-- RECORDS follows --
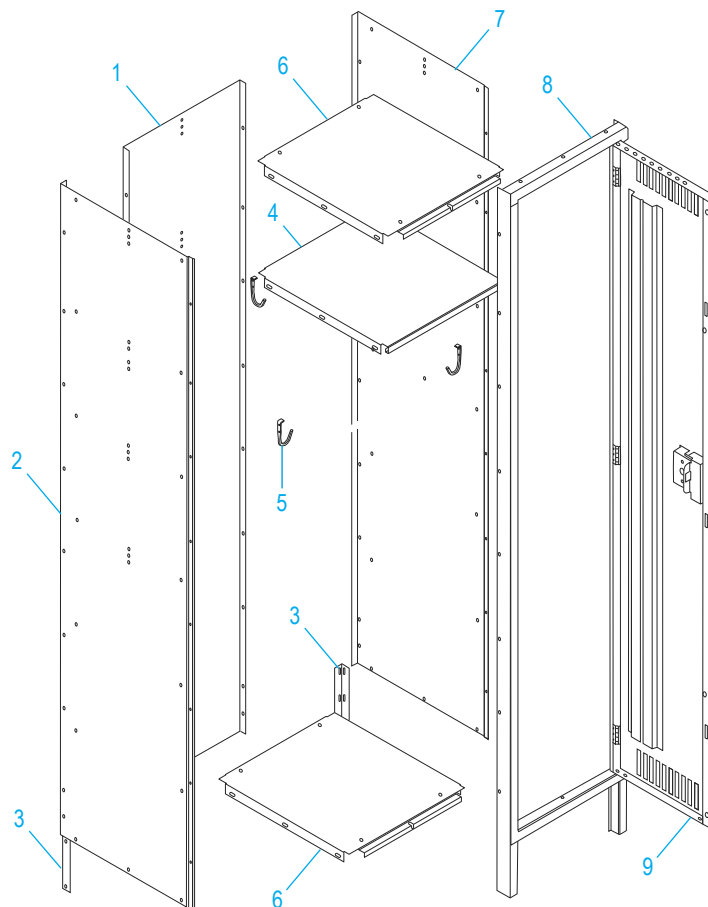

ULINE H-3637
SINGLE TIER LOCKER
THREE WIDE

1-800-295-5510
uline.com

PRIMARY ASSEMBLY CONTINUED

#	DESCRIPTION	QTY.	ULINE PART NO.	MFG. PART NO.
6	Top/Bottom Shelves – Gray	6	-----	LTB-1212-GRAY
6	Top/Bottom Shelves – Tan	6	-----	LTB-1212-TAN
7	Right Side – Gray	2	H-3638GR-RS	LSSR-1272-GRAY
7	Right Side – Tan	2	-----	LSSR-1272-TAN
8	Door Frame Assembly – Gray	3	-----	LSFA-1272-1GRAY
8	Door Frame Assembly – Tan	3	-----	LSFA-1272-1TAN
9	Locker Door – Gray	3	-----	LSTD-1272-GRAY
9	Locker Door – Tan	3	-----	LSTD-1272-TAN

ULINE H-3637

SINGLE TIER LOCKER

THREE WIDE

1-800-295-5510
uline.com

HANDLE ASSEMBLY

#	DESCRIPTION	QTY.	ULINE PART NO.	MFG. PART NO.
10	Number Plate	3	-----	LNP-3
11	Push Plug	6	H-1224-LLP1	LPP-1
12	Latch And Spring	9	H-1224-LL3	LL-3
13	Bumper	6	H-1224-LB1	LB-1
14	Dart Clip	6	H-1224-LDC1	LDC-1
15	Locking Channel	3	H-1227-LLCA1	LLCA-1
16	Lock Receiver	3	H-1224-LPR2	LPR-2
17	Reinforcement Tab	3	H-1224-LRT1	LRT-1
18	Recessed Handle	3	H-1224-LRH2	LRH-2
19	Bolt (#8-32 x 1/2") - Part of Hardware Pack	144	H-1224-20	HW-144
20	Nut (#8-32) - Part of Hardware Pack	144	H-1224-20	HW-144
21	Nut Driver	1	H-1224-TOOL2	TOOL-2

ULINE H-3637

LOCKER DE UNA PUERTA TRES DE ANCHO

800-295-5510
uline.mx

ENSAMBLE PRINCIPAL

#	DESCRIPCIÓN	CANT.	NO. DE PARTE DE ULINE	NO. DE PARTE DEL FABRICANTE
1	Parte Posterior – Gris	3	-----	LSTB-1272-GRAY
1	Parte Posterior – Canela	3	-----	LSTB-1272-TAN
2	Lateral Izquierdo – Gris	2	H-3638GR-LS	LSSL-1272-GRAY
2	Lateral Izquierdo – Canela	2	-----	LSSL-1272-TAN
3	Pata Posterior – Gris	4	H-1393-RLEGS	LRL-1-GRAY
3	Pata Posterior – Canela	4	H-1227T-LRL1	LRL-1-TAN
4	Repisa – Gris	3	H-3637GRSHLF	ESL-1212-GRAY
4	Repisa – Canela	3	-----	ESL-1212-TAN
5	Gancho para Prendas	9	H-1224-LCH1	LCH-1
-- RECORDS concluded --
> _WHAT YOU SHOULD DO_
A verbatim transcription of the records, pictures excluded, is the required output.

> _EXERCISE SOLUTION_
ULINE H-3637
SINGLE TIER LOCKER
THREE WIDE

1-800-295-5510
uline.com

PRIMARY ASSEMBLY CONTINUED

#	DESCRIPTION	QTY.	ULINE PART NO.	MFG. PART NO.
6	Top/Bottom Shelves – Gray	6	-----	LTB-1212-GRAY
6	Top/Bottom Shelves – Tan	6	-----	LTB-1212-TAN
7	Right Side – Gray	2	H-3638GR-RS	LSSR-1272-GRAY
7	Right Side – Tan	2	-----	LSSR-1272-TAN
8	Door Frame Assembly – Gray	3	-----	LSFA-1272-1GRAY
8	Door Frame Assembly – Tan	3	-----	LSFA-1272-1TAN
9	Locker Door – Gray	3	-----	LSTD-1272-GRAY
9	Locker Door – Tan	3	-----	LSTD-1272-TAN

ULINE H-3637

SINGLE TIER LOCKER

THREE WIDE

1-800-295-5510
uline.com

HANDLE ASSEMBLY

#	DESCRIPTION	QTY.	ULINE PART NO.	MFG. PART NO.
10	Number Plate	3	-----	LNP-3
11	Push Plug	6	H-1224-LLP1	LPP-1
12	Latch And Spring	9	H-1224-LL3	LL-3
13	Bumper	6	H-1224-LB1	LB-1
14	Dart Clip	6	H-1224-LDC1	LDC-1
15	Locking Channel	3	H-1227-LLCA1	LLCA-1
16	Lock Receiver	3	H-1224-LPR2	LPR-2
17	Reinforcement Tab	3	H-1224-LRT1	LRT-1
18	Recessed Handle	3	H-1224-LRH2	LRH-2
19	Bolt (#8-32 x 1/2") - Part of Hardware Pack	144	H-1224-20	HW-144
20	Nut (#8-32) - Part of Hardware Pack	144	H-1224-20	HW-144
21	Nut Driver	1	H-1224-TOOL2	TOOL-2

ULINE H-3637

LOCKER DE UNA PUERTA TRES DE ANCHO

800-295-5510
uline.mx

ENSAMBLE PRINCIPAL

#	DESCRIPCIÓN	CANT.	NO. DE PARTE DE ULINE	NO. DE PARTE DEL FABRICANTE
1	Parte Posterior – Gris	3	-----	LSTB-1272-GRAY
1	Parte Posterior – Canela	3	-----	LSTB-1272-TAN
2	Lateral Izquierdo – Gris	2	H-3638GR-LS	LSSL-1272-GRAY
2	Lateral Izquierdo – Canela	2	-----	LSSL-1272-TAN
3	Pata Posterior – Gris	4	H-1393-RLEGS	LRL-1-GRAY
3	Pata Posterior – Canela	4	H-1227T-LRL1	LRL-1-TAN
4	Repisa – Gris	3	H-3637GRSHLF	ESL-1212-GRAY
4	Repisa – Canela	3	-----	ESL-1212-TAN
5	Gancho para Prendas	9	H-1224-LCH1	LCH-1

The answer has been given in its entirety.